Start of Block

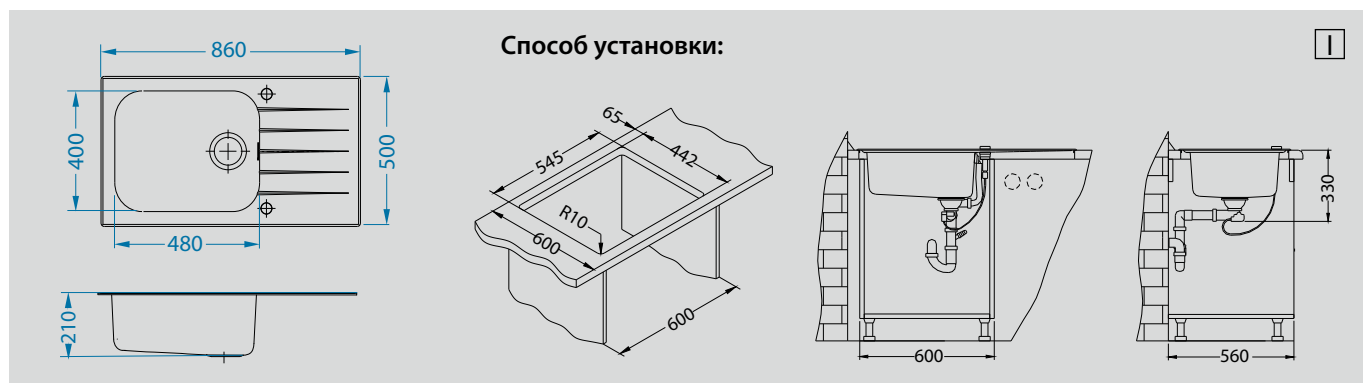

# Glassix Up 40

Размер мойки: 860 x 500 мм  
 Размер чаши: 480 x 400 x 210 мм  
 Размер шкафа: 600 мм

Артикул	Поверхность	Ориентация	Установка	Диаметр слива мм	Тип Сифона	Количество отверстий	Толщина стали	УПАКОВКА	PPC евро	Склад
1123644	белый	оборачиваемая	I	90	PUSH UP	2	0,8	КОРОБКА	605	45 дней
1123645	черный	оборачиваемая	I	90	PUSH UP	2	0,8	КОРОБКА	555	45 дней
1128171	под заказ	оборачиваемая	I	90	PUSH UP	2	0,8	КОРОБКА	под запрос	45 дней
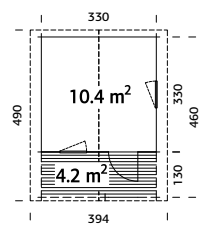

### GRETE 3,7 M<sup>2</sup>

CE

16+32 mm

A=170 cm  
B=220 cm

16 mm

Acryl-glass

Option  
1 roll,  
3 packs

**LOTTA 7,3 M<sup>2</sup>**

- 28 mm
- A=194 cm  
B=247 cm
- 16 mm
- Option
- 4 mm
- Real glass
- Option  
3 rolls,  
5 packs
- Option  
106630

**LOTTA 10,0 M<sup>2</sup>**

- 34 mm
- A=194 cm  
B=247 cm
- 16 mm
- Option
- 4 mm
- Real glass
- Option  
3 rolls,  
6 packs
- Option  
106631

## BRITTA 22,3 M<sup>2</sup>

**EMMA 4,6 M<sup>2</sup>**

- 28 mm
- A=194 cm B=222 cm
- 19 mm
- Real glass
- Option 2 rolls, 4 packs
- Option 106629

**EMMA 10,4 M<sup>2</sup>**

- 34 mm
- A=205 cm B=257 cm
- 19 mm
- Real glass
- Option 3 rolls, 7 packs
- Option 106630

**EMMA 10,4+4,2 M<sup>2</sup>**

- 34 mm
- A=205 cm B=257 cm
- 19 mm
- Real glass
- Option 5 rolls, 8 packs
- Option 106631

**EMMA 14,2 M<sup>2</sup>**

- 34 mm
- A=205 cm B=268 cm
- 19 mm
- Real glass
- Option 4 rolls, 9 packs
- Option 106631

End of Block

Once the pictures are set aside, retype the rest of the listing exactly.

■ **TASK OUTPUT**
# Glassix Up 40

Размер мойки: 860 x 500 мм  
 Размер чаши: 480 x 400 x 210 мм  
 Размер шкафа: 600 мм

Артикул	Поверхность	Ориентация	Установка	Диаметр слива мм	Тип Сифона	Количество отверстий	Толщина стали	УПАКОВКА	PPC евро	Склад
1123644	белый	оборачиваемая	I	90	PUSH UP	2	0,8	КОРОБКА	605	45 дней
1123645	черный	оборачиваемая	I	90	PUSH UP	2	0,8	КОРОБКА	555	45 дней
1128171	под заказ	оборачиваемая	I	90	PUSH UP	2	0,8	КОРОБКА	под запрос	45 дней

### GRETE 3,7 M<sup>2</sup>

CE

16+32 mm

A=170 cm  
B=220 cm

16 mm

Acryl-glass

Option  
1 roll,  
3 packs

**LOTTA 7,3 M<sup>2</sup>**

- 28 mm
- A=194 cm  
B=247 cm
- 16 mm
- Option
- 4 mm
- Real glass
- Option  
3 rolls,  
5 packs
- Option  
106630

**LOTTA 10,0 M<sup>2</sup>**

- 34 mm
- A=194 cm  
B=247 cm
- 16 mm
- Option
- 4 mm
- Real glass
- Option  
3 rolls,  
6 packs
- Option  
106631

## BRITTA 22,3 M<sup>2</sup>

**EMMA 4,6 M<sup>2</sup>**

- 28 mm
- A=194 cm B=222 cm
- 19 mm
- Real glass
- Option 2 rolls, 4 packs
- Option 106629

**EMMA 10,4 M<sup>2</sup>**

- 34 mm
- A=205 cm B=257 cm
- 19 mm
- Real glass
- Option 3 rolls, 7 packs
- Option 106630

**EMMA 10,4+4,2 M<sup>2</sup>**

- 34 mm
- A=205 cm B=257 cm
- 19 mm
- Real glass
- Option 5 rolls, 8 packs
- Option 106631

**EMMA 14,2 M<sup>2</sup>**

- 34 mm
- A=205 cm B=268 cm
- 19 mm
- Real glass
- Option 4 rolls, 9 packs
- Option 106631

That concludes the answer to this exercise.